▶ [EXERCISE INPUT]
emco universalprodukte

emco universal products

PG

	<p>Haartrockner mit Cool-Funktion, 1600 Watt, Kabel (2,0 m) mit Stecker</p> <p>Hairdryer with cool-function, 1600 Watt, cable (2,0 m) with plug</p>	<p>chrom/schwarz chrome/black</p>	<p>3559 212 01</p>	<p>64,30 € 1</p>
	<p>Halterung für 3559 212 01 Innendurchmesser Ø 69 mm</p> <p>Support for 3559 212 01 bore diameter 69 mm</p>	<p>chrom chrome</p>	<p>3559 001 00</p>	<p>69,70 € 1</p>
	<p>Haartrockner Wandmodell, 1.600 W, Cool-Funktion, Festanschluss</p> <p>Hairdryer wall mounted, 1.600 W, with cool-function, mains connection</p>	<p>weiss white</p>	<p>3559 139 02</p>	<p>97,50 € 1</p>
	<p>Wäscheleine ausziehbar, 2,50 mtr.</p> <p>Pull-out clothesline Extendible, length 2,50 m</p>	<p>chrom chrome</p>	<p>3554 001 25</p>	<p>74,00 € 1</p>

* * *

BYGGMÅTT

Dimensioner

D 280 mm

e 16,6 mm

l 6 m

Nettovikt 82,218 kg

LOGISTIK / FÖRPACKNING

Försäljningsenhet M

* * *

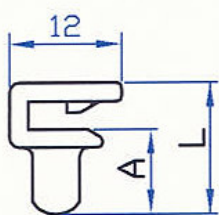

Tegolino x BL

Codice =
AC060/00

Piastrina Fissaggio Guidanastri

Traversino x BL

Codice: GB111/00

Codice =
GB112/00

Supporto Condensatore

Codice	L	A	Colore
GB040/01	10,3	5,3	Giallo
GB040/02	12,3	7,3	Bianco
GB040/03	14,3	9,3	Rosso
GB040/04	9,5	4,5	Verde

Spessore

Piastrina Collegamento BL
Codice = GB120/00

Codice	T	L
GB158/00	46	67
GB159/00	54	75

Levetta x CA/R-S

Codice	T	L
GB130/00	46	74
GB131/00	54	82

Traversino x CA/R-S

▶ [TASK GOAL]
Within the listing above, the range opens at the line with "Codice = GB120/00" and closes at the line with "Traversino x CA/R-S". Reproduce exactly the lines of that range, including both ends.

▶ [WRITTEN RESPONSE]
Codice = GB120/00

Codice	T	L
GB158/00	46	67
GB159/00	54	75

Levetta x CA/R-S

Codice	T	L
GB130/00	46	74
GB131/00	54	82

Traversino x CA/R-S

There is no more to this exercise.